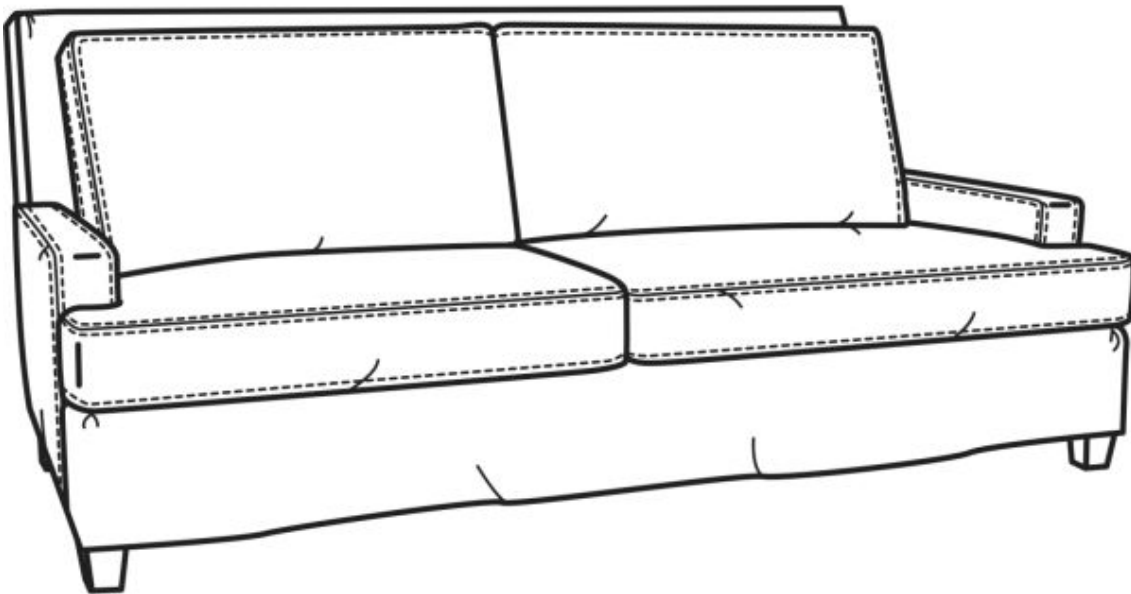

CR LAINÉ[®]

STYLE • COMFORT • COLOR

Breakers / 4444-SC

Outside: 61"W x 40"D x 38"H

Inside: 51"W x 22"D

Seat: 20"H

Arm: 22"H
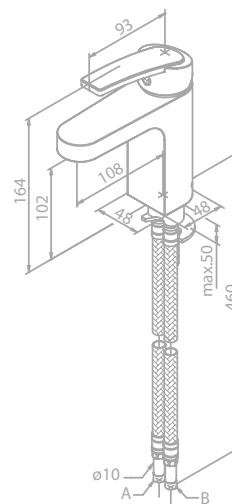

SLATE

Basin mixer

Article no.: 65817.74

Finish: Chrome/Black

Standard features:

- Ceramic cartridge
- Swivel spout
- 120° swivel limitation

Basin mixer

Article no.: 65857.00

Finish: Chrome

Standard features:

- Ceramic cartridge

Basin mixer

Article no.: 65857.74

Finish: Chrome/Black

Standard features:

- Ceramic cartridge
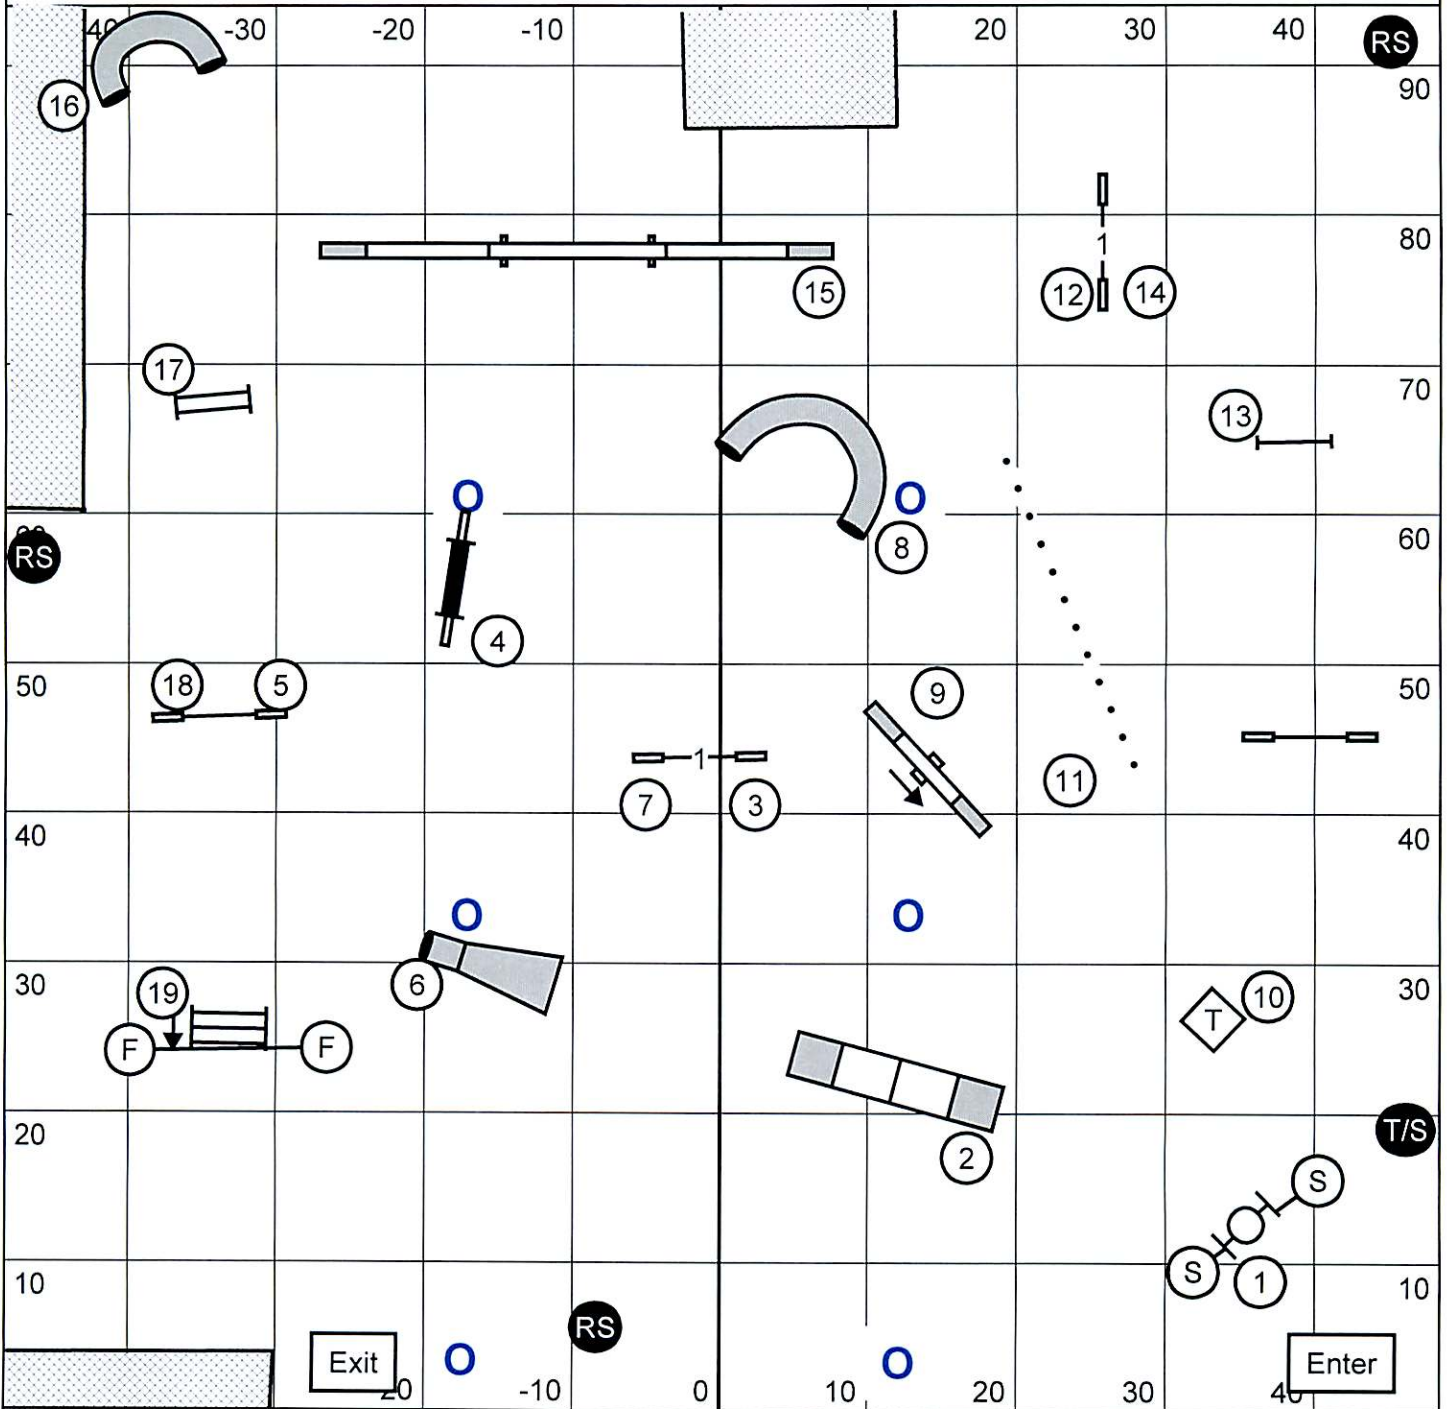

Chicago Ridge, IL

Saturday, April 28, 2012
Judge: Laura A. English

Please enter when the dog prior to you is at #12 dogwalk.

Agility Ability Club of IL
EXCELLENT STANDARD

Chicago Ridge, IL

Saturday, April 28, 2012
Judge: Laura A. English

Please enter when the dog prior to you is at #15 dogwalk.

Agility Ability Club of IL
NOVICE JWW

Chicago Ridge, IL

Saturday, April 28, 2012
Judge: Laura A. English

Please enter when the dog prior to you is at #11.

Saturday, April 28, 2012
Judge: Laura A. English

Please enter when the dog prior to you is at #16.
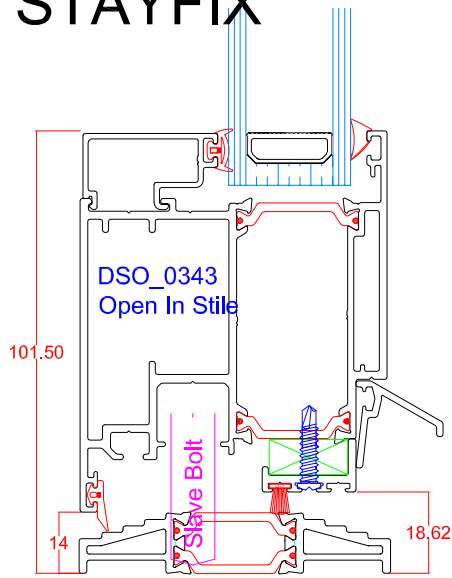

STAYFIX

Double Ramp Low Threshold With Packer

Open In - Double Ramp Threshold

Master Side/Opposite Adaptor

Open Out - Double Ramp Threshold

13mm offset from center of threshold

Center line of threshold

Slave Side/Adaptor Side

PA006

PA1_9mm Connector for Low Threshold

PWT001 - Double Ramp WT Packer
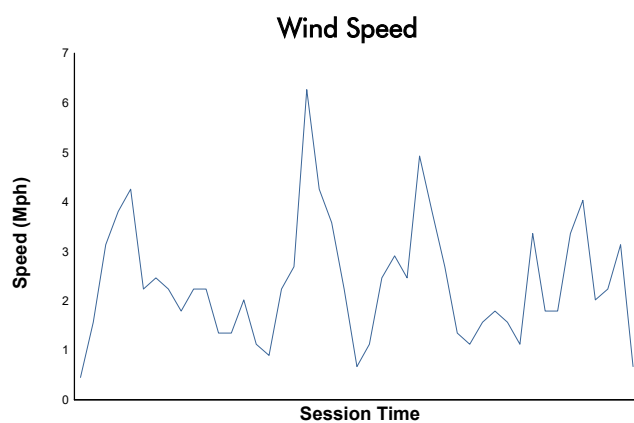

## Practice 1 Weather Report

Track Status: **DRY**
━━━
#### WORK REQUEST:
From the listing above, copy every line where the string "Ramp" is found.

#### WRITTEN ANSWER:
Double Ramp Low Threshold With Packer
Open In - Double Ramp Threshold
Open Out - Double Ramp Threshold
PWT001 - Double Ramp WT Packer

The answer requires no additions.